■ **ACTION ITEM**
For the word "Steel", state how many lines of the listing below contain it. Give the number and nothing more.

■ **DATA FOR REVIEW**
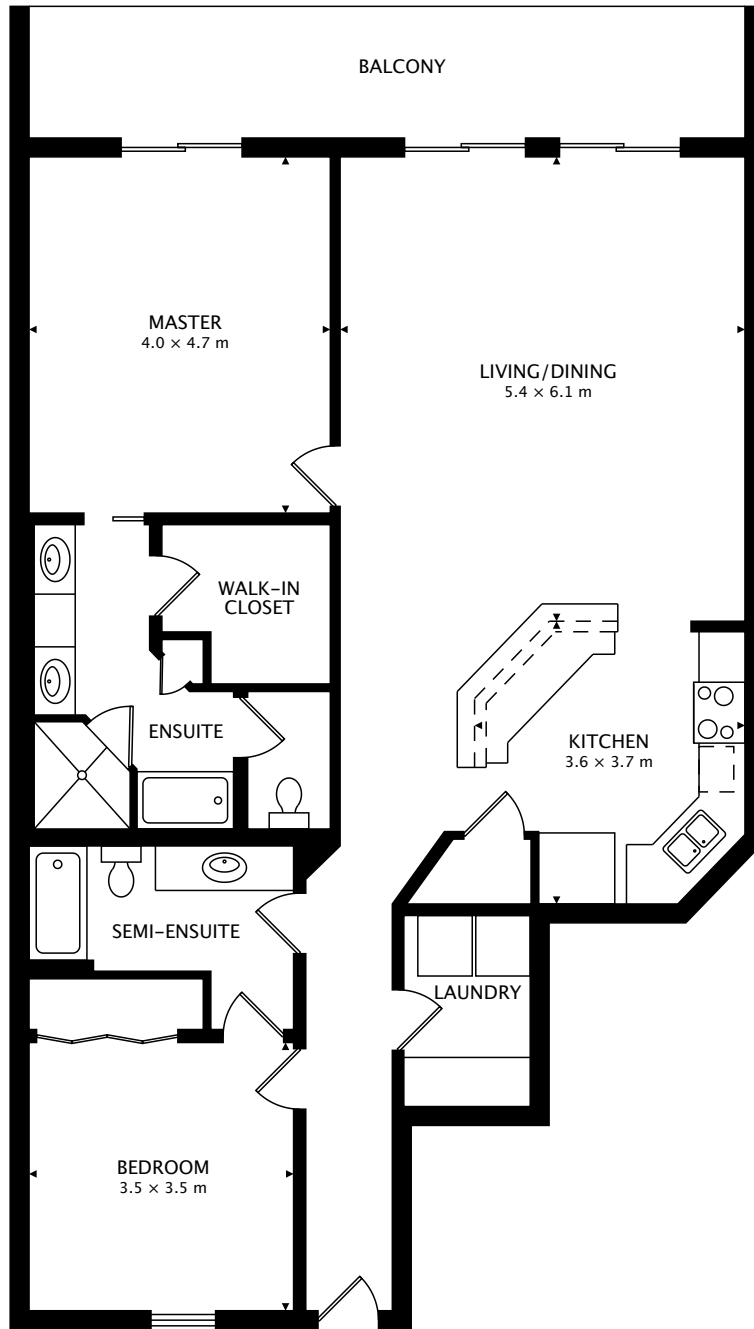

CALYPSO 509 EAST
15817 FRONT BEACH RD

132.0 m² + 16.5 m² BALCONY
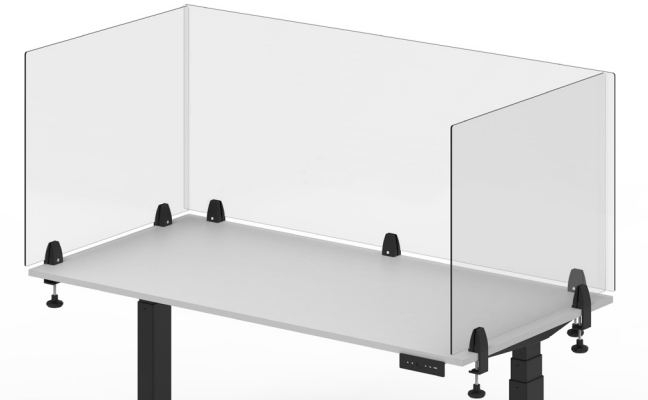

Product Specifications

Item Number	DIVCL
Panel Material	Clear acrylic (24" and 30" tall models) or frosted acrylic (30" tall models)
Panel Thickness	1/4"
Gap Between Desktop and Panel	1/2"
Clamp Material	Powder-coated aluminum
Clamp Type	Hand-adjustable side clamp (tool free attachment to edges of desks and tables)
Clamp Adjustment Range	1/4" to 1-3/4"
Required Tools for Assembly	Allen wrench (included)
Includes	1 panel and 2 or 3 clamps (see chart on page 2)
Weights and Dimensions	See chart on page 2
Cleaning	Clean with a microfiber cloth and a solution of mild dish soap and water or commercial plastic cleaners rated safe for use on acrylics.*
Marker Compatibility	Water-soluble dry-erase markers only**
Flammability Rating	UL 94, HB
Warranty	5 year limited warranty
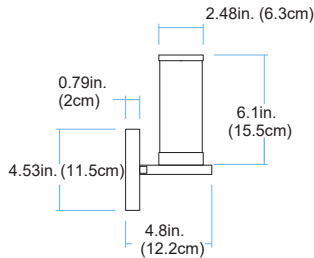

# 71711 Fillmore

Finish	Black
Finish Code	BK
Fixture Dimensions	4.5W x 8.5MH x 4.75D
Bulb Type	Candelabra base (E-12)
Number of bulbs	1
Bulbs included	No
Wattage	40
Voltage	120
Location Rating	Damp
Dimmable	Yes
Shade Type	Clear Glass
Illumination Direction	Ambient

TOP VIEW

LENGTH:4.53in. (11.5cm)  
HEIGHT:8.66in. (22cm)  
DEPTH:4.8in. (12.2cm)

FRONT VIEW

SIDE VIEW
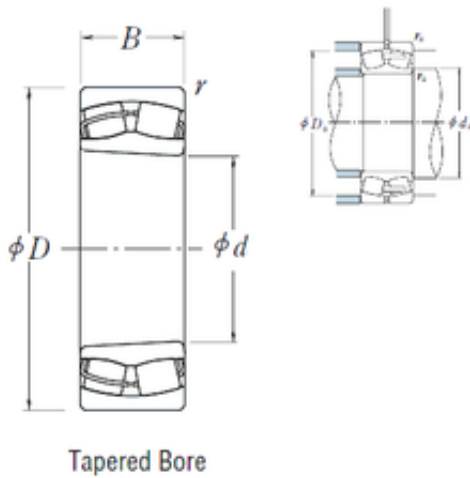

Bearing Import and Export Co., Ltd.

22232CDKE4 NSK Spherical Roller Bearing

Bearing No. 22232CDKE4

Size	160x290x80 mm
Bore Diameter	160 mm
Outer Diameter	290 mm
Width	80 mm
d	160 mm
D	290 mm
B	80 mm
C	80 mm
r min.	3 mm
da min.	174 mm
da max	190 mm
Da min	255 mm
Da max.	276 mm
ra max.	2,5 mm
Weight	23,1 Kg
Basic dynamic load rating (C)	910 kN
Basic static load rating (C0)	1320 kN
(Grease) Lubrication Speed	1200 r/min
(Oil) Lubrication Speed	1500 r/min
Calculation factor (e)	0,26
Calculation factor (Y0)	2,5
Calculation factor (Y2)	3,8
Category	Spherical Roller Bearings
Inventory	0.0
Manufacturer Name	NSK
Minimum Buy Quantity	N/A

22232CDKE4 Bearing 2D drawings and 3D CAD models

Bearing Import and Export Co., Ltd.

Weight / Kilogram	23
Product Group	B04311
Internal Clearance	C0-Medium
Mounting Method	Adapter Mount
Rolling Element	Spherical Roller Bearing
Bore Profile	Tapered
Cage Material	Steel
Enclosure	Open
Number of Rows of Rollers	Double Row
Relubricatable	Yes
Withdrawal Sleeve	AH3132 (Specify bore)
Inch - Metric	Metric
Long Description	160MM Tapered Bore; 290MM Outside Diameter; 80MM Width; C0-Medium Clearance; Adapter Mount; Double Row of Spherical Roller Bearings; Steel Cage Material; Open Enclosure; Relubricatable; Adapter Part N
Other Features	Order adapter or withdrawal sleeve or nut separately. Others may be available
Category	Spherical Roller Bearing
UNSPSC	31171510
Harmonized Tariff Code	84823080
Noun	Bearing
Keyword String	Spherical
Manufacturer URL	http://www.nskamericas.com
Manufacturer Item Number	22232CDKE4
Weight / LBS	23
Outside Diameter	11.417 Inch 290 Millimeter
Bore	6.299 Inch 160 Millimeter

■ **EXERCISE OUTPUT**
2